IPPE: When Vaccination Goes Wrong

US – A leading international researcher says that vaccination can make viruses both “hot” and more dangerous, using the example of Marek’s disease in poultry, reports Jackie Linden.
calendar icon 28 January 2015
clock icon 4 minute read

Some vaccines drive the evolution of more virulent pathogens, according to Dr Andrew Read of Pennsylvania State University.

Invited to give the Milton Y. Dendy keynote address as part of the International Poultry Scientific Forum (IPSF) in Atlanta yesterday, 27 January, Dr Read said that conventional wisdom is that natural selection will remove highly lethal pathogens if death of the host greatly reduces transmission.

However, he explained, vaccines that keep hosts alive but still allow transmission of the virus – in other words, they are “leaky” - allow very virulent strains to circulate in a population.

Dr Read said: “Vaccines protect virulent pathogens from themselves.”

He went on to describe experiments which show that immunisation of chickens against Marek’s disease virus enhances the fitness of more virulent strains, making it possible for hyperpathogenic strains to transmit.

History supports this view.

Dr Read said that Marek’s disease was originally a mild disease, causing transient paralysis in chickens. A vaccine was developed to combat it but this started to fail after about 10 years as the virus appeared to become more virulent.

This led to a new vaccine, which was effective for another decade or so but then emerged what is known as the vv+MDV (very virulent-plus Marek’s disease virus), which invades multiple organs.

The current vaccine is of the Rispens type. It has been working satisfactorily for around 20 years but Dr Read said that it may only be a matter of time before the virus evolves into an even more virulent form. It is unlikely to have reached the limit of its virulence.

He and his colleagues have investigated where this viral evolution occurs in nature and how vaccination affects viral fitness using Marek’s disease in poultry as a model for human diseases such as malaria, diphtheria and pertussis (whooping cough).
Immunity elicited by direct vaccination or by maternal vaccination prolongs host survival but does not prevent infection, viral replication or transmission, thus extending the infectious periods of strains otherwise too lethal to persist.
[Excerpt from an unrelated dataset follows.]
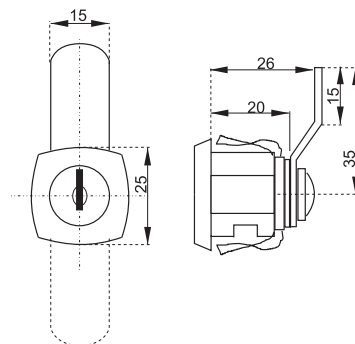

ZÁMOK NA KOVOVÝ NÁBYTOK X-44

obj. číslo	úprava
2520	chróm

Dr Read said his data show that anti-disease vaccines that do not prevent transmission can create conditions that promote the emergence of pathogen strains that cause more severe disease in unvaccinated hosts.

These characteristics of the Marek’s disease virus are also seen in other poultry viruses, such as avian influenza, according to the Dr Read. He expressed concern that frequent vaccination of poultry against avian influenza in some countries is allowing the silent circulation of “hot” strains which will be even harder to control in future. In his view, it would be better to cull flocks that become infected rather than risk the virus becoming ever more virulent.

In conclusion, Dr Read stressed that it is critical for successful vaccination to stop transmission of the virus and this bring to a halt viral evolution.